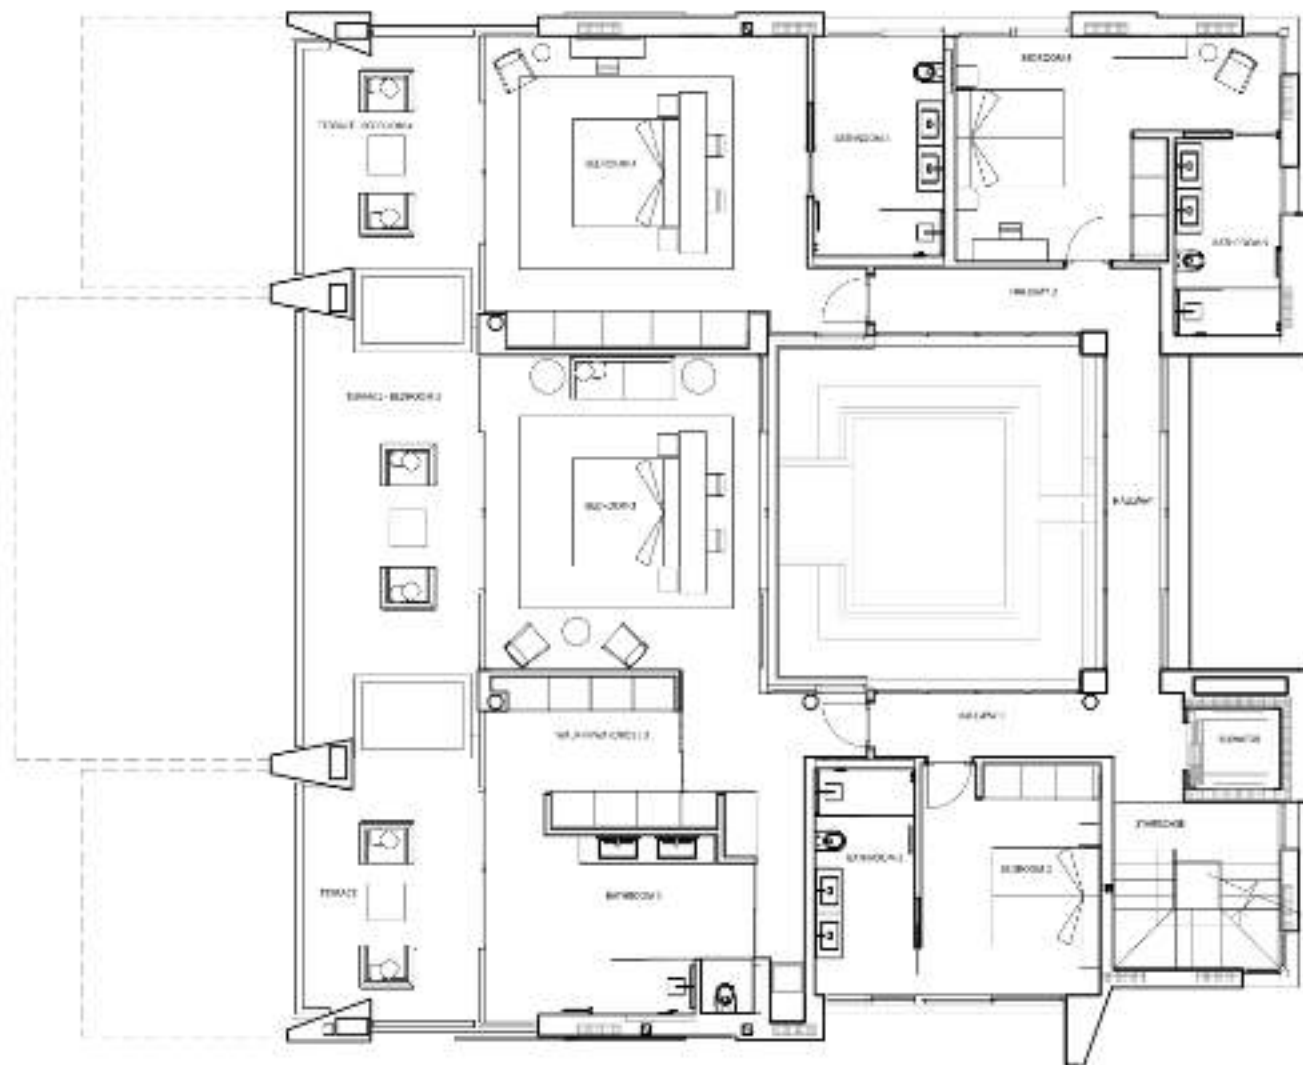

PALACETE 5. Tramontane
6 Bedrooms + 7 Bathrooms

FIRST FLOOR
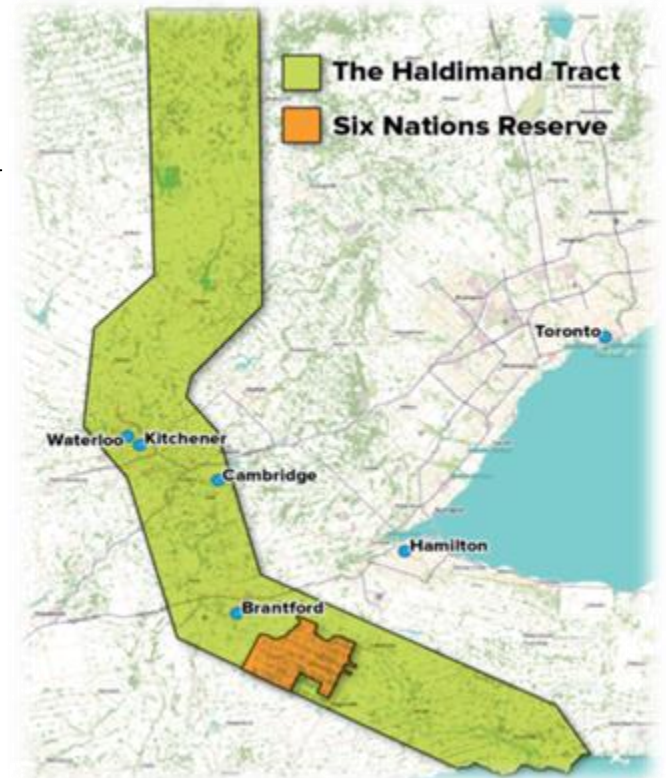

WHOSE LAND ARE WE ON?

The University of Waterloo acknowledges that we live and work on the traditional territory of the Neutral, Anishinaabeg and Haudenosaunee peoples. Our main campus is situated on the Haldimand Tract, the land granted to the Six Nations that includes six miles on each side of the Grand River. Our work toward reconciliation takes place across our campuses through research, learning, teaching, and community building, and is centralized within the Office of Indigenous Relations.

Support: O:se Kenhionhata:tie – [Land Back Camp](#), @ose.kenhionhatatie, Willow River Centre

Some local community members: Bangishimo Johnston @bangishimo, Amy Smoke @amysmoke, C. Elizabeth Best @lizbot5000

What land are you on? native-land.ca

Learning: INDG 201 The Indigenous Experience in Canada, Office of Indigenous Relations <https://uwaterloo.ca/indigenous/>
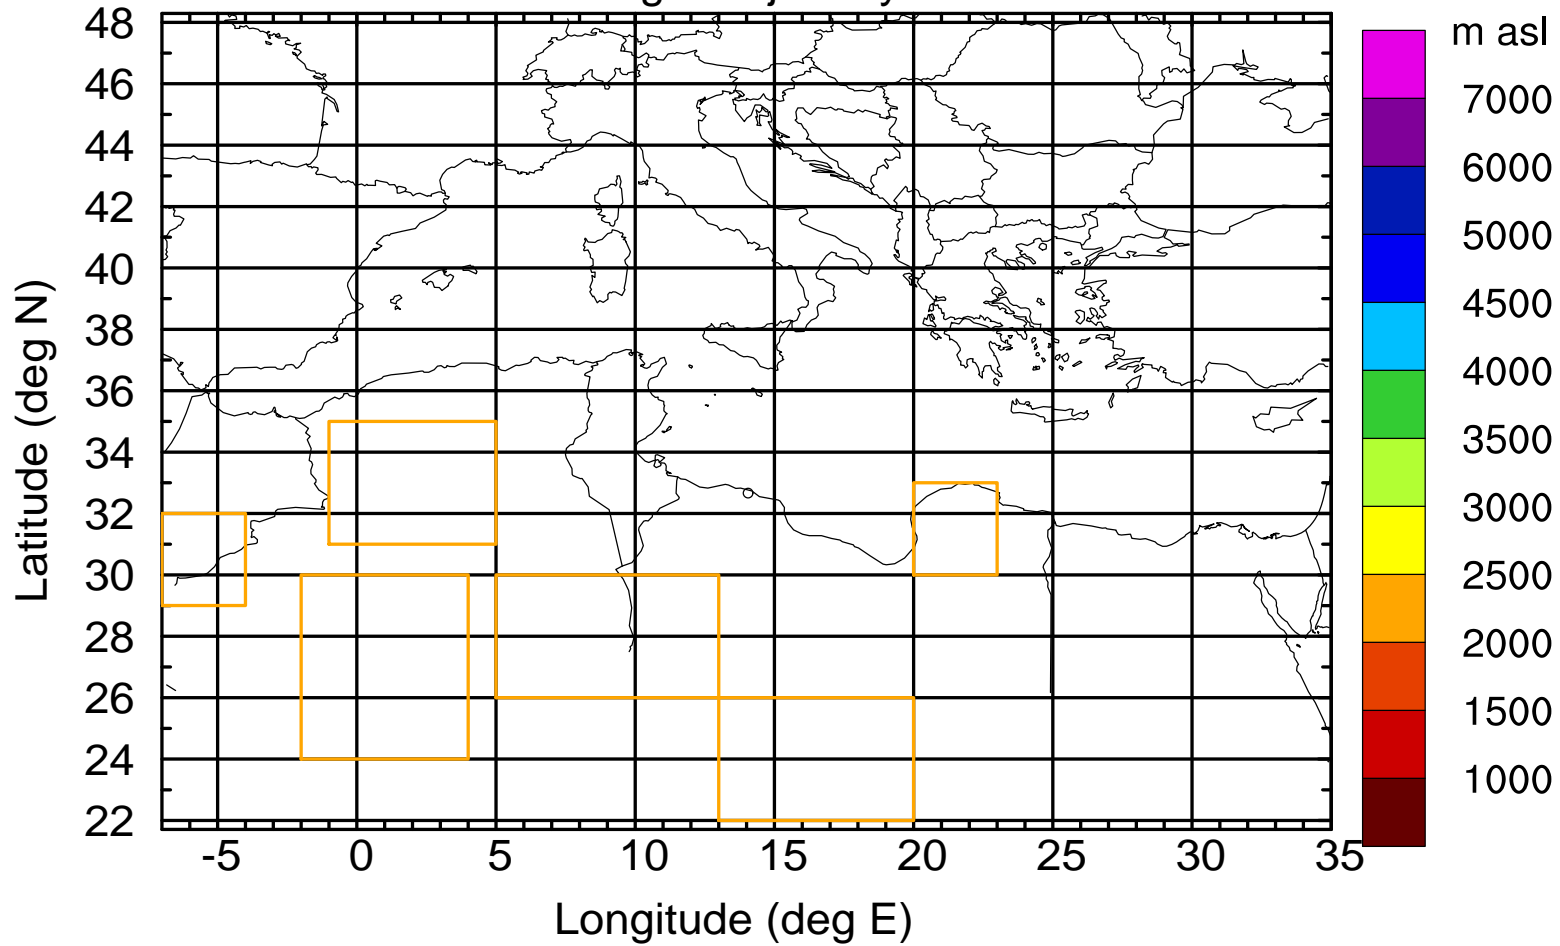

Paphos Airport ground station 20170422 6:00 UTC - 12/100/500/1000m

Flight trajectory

○ ○ ○ ○ ○ ○ ○

To do:
Could you restate word for word the lines above, from the one that contains "Some local community" through the one that contains "Learning: INDG 201", and no others?

Exercise output:
Some local community members: Bangishimo Johnston @bangishimo, Amy Smoke @amysmoke, C. Elizabeth Best @lizbot5000

What land are you on? native-land.ca

Learning: INDG 201 The Indigenous Experience in Canada, Office of Indigenous Relations <https://uwaterloo.ca/indigenous/>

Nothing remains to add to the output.